◆ REQUIREMENT ◆
Using the data below, output a verbatim copy of the lines between the one holding "- Dimensions: 40 cm x 6 cm (L x W)" and the one holding "- SoftQCD_ckfPixelLessStep", inclusive, without any pictures.

Records drawn from a dataset
☆ ☆ ☆ ☆

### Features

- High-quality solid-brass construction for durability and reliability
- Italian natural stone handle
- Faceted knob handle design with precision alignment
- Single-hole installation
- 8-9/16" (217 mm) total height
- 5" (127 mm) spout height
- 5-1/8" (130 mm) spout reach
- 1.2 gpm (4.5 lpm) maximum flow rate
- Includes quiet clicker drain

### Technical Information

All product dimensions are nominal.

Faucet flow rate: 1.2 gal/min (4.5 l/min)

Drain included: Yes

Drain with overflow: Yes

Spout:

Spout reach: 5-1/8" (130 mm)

☆ ☆ ☆ ☆

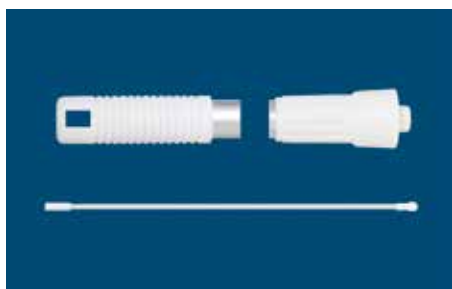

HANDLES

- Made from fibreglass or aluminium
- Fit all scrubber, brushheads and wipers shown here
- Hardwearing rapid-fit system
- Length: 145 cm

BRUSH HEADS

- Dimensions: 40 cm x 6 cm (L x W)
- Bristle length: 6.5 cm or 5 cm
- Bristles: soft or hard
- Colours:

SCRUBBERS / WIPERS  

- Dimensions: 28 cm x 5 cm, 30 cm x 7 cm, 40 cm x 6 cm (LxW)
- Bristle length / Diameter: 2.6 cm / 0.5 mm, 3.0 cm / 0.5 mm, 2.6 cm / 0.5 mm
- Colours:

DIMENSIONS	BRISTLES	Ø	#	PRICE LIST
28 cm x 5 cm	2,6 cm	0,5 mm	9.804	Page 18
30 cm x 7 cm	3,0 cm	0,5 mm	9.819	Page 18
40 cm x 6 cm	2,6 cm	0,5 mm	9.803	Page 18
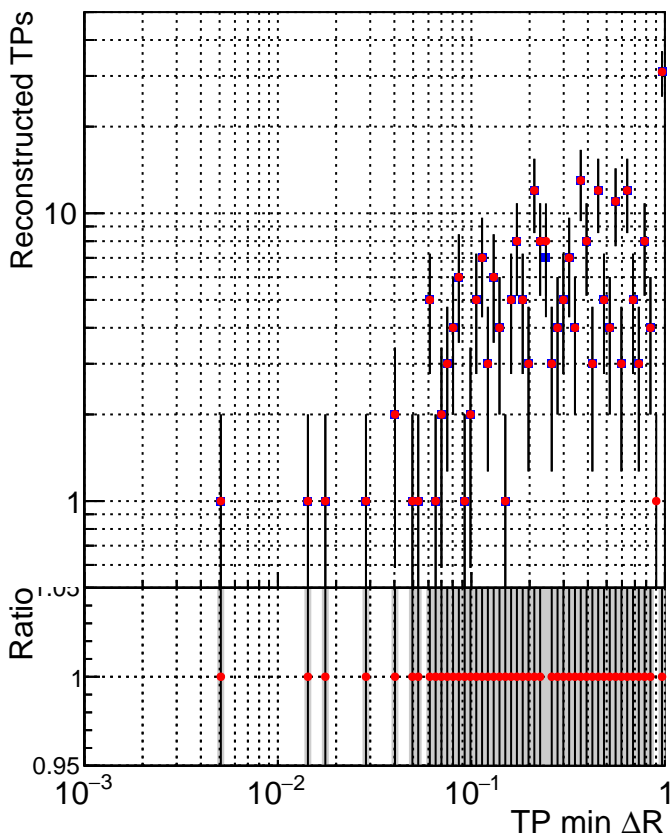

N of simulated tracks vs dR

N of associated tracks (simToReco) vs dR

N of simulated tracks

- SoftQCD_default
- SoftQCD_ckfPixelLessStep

☆ ☆ ☆ ☆

◆ WRITTEN SOLUTION ◆
- Dimensions: 40 cm x 6 cm (L x W)
- Bristle length: 6.5 cm or 5 cm
- Bristles: soft or hard
- Colours:

SCRUBBERS / WIPERS  

- Dimensions: 28 cm x 5 cm, 30 cm x 7 cm, 40 cm x 6 cm (LxW)
- Bristle length / Diameter: 2.6 cm / 0.5 mm, 3.0 cm / 0.5 mm, 2.6 cm / 0.5 mm
- Colours:

DIMENSIONS	BRISTLES	Ø	#	PRICE LIST
28 cm x 5 cm	2,6 cm	0,5 mm	9.804	Page 18
30 cm x 7 cm	3,0 cm	0,5 mm	9.819	Page 18
40 cm x 6 cm	2,6 cm	0,5 mm	9.803	Page 18

N of simulated tracks vs dR

N of associated tracks (simToReco) vs dR

N of simulated tracks

- SoftQCD_default
- SoftQCD_ckfPixelLessStep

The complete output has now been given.